Спустившись как будто бы еще своею, но уже и ускользающей от тебя Москвой по Тверскому бульвару к Никитским воротам и миновав церковь Вознесения, где венчался Пушкин, светлое имя которого еще в раннем детстве таинственно прозвучало мне в соседнем с нашим Кондровым «Полотняном заводе» Гончаровых, я с неизменною радостью подымался в редакцию «Возрождения», помещавшуюся в новопостроенном доме на углу Спиридоновки и Гранатного переулка.
Среди постоянных сотрудников культурно-философского отдела наиболее интересным человеком был бесспорно Илья Эренбург, который, начав свою политическую карьеру с добровольческой защиты царской России в рядах французской армии, уже давно славословит Советский союз и Сталина. Что толкнуло бесспорно талантливого и очень умного Эренбурга на этот тяжелый и бесславный путь, мне не ясно. Может быть, обида на то, что его «Еврейских колыбельных песен» русская читающая публика как-то не заметила, а «Молитвам о России», несмотря на его добровольчество, не поверила.
Сколько времени выходило «Возрождение», я чем точно сказать не могу. Думаю, что после ряда не чем приятных столкновений с цензурою, оно было закрыто уже к осени. Попытка его возобновить, в качестве «Сына отечества», увенчаться успехом, конечно, не могла. Очень быстро «Сына отечества» постигла та же участь, что и «Возрождение».
В закрытии нашей газеты сыграл значительную роль Валерий Брюсов, бывший редактор модернистически-аполитических «Весов» и либеральной «Русской мысли». Это обстоятельство в свое время не только удивило, но и потрясло меня. Лишь недавно после прочтения опубликованной в советском «Литературном наследстве» интереснейшей переписки между Брюсовым и Горьким от 1905-го года, я как будто понял, как это могло случиться. В этой переписке утонченнейший эстет, поклонник французского символизма, прилежный исследователь древних культур, большой библиофил и библиограф, Брюсов с пеною у рта проповедует разгром тех самых музеев и библиотек, в которых он, по собственному признанию, привык с наслаждением работать.
«Его, – пишет Брюсов, имея в виду весь дореволюционный строй нашей жизни, – я ненавижу, ненавижу и презираю.
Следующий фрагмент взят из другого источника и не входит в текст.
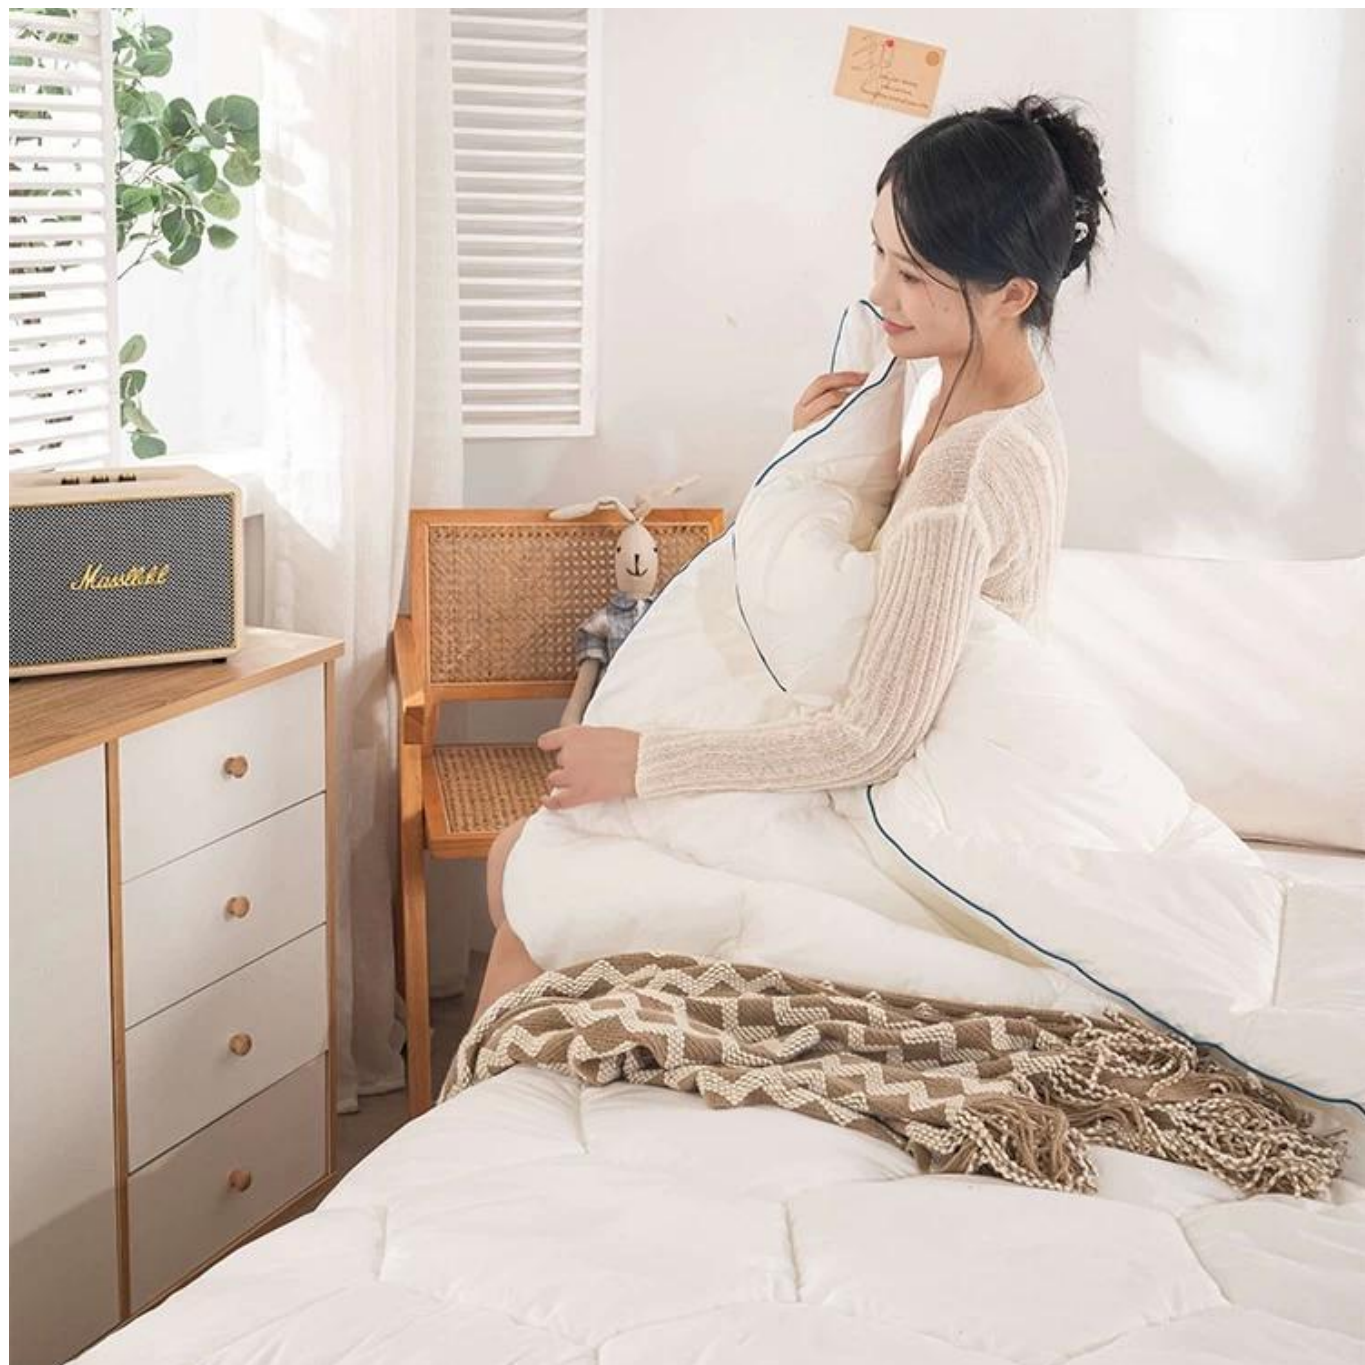

□□□□□□□□□□

Лучшие мои мечты о днях, когда все это будет сокрушено. О, как весело возьмусь я за топор, чтобы громить хоть свой собственный дом, буду жечь и свои книги»… В том же письме находится и переложение этих погромных желаний в типично брюсовские, но не по-брюсовски слабые стихи:
С чего это? Какой, хочется спросить, белены объелся Брюсов? Ведь он не Блок и не Белый, в Бакунинской мистике разрушения, в религиозном иконоборчестве его не заподозришь. Что же это? Купеческое варварство, российское хулиганство, или головной футуризм? Не знаю. Знаю только то, что, чем больше занимаюсь историей нашей революции, тем больше нахожу в ней скрытых большевиков.
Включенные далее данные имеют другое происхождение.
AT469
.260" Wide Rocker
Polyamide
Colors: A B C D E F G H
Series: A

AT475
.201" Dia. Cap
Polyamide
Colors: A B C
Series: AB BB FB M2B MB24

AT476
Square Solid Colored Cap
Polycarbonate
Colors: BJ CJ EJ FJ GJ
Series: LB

Во что обошелся Брюсову переход от теоретической проповеди скифского погрома к его практически-полицейскому осуществлению в должности советского цензора, решить трудно. Но, что он обошелся ему все же очень дорого, говорит то, что Брюсов-поэт не написал в Советской России ничего достойного себя, а Брюсов-чиновник покончил жизнь самоубийством.
В посвященном Брюсову некрологе Ходасевич сообщает, что в ящике письменного стола советского цензора Брюсова был найден морфий и ржавый шприц, завернутый в окровавленную газетную бумагу.
Моралисты всех эпох и народов всегда призывали к подавлению страстей. В моей душе всю жизнь жили две страсти: лошади и театр. Никогда безоглядно не отдаваясь им, я никогда не гнал их от себя. Раскаиваться в этом не имею ни малейшего основания: если бы не эти страсти, моя жизнь в годы революции вряд ли сложилась бы так удачно, как оно случилось.
Еще на литературных вечерах в доме Гуриных мы с братом познакомились с талантливым учеником Московского театрального училища Михаилом Францевичем Лениным.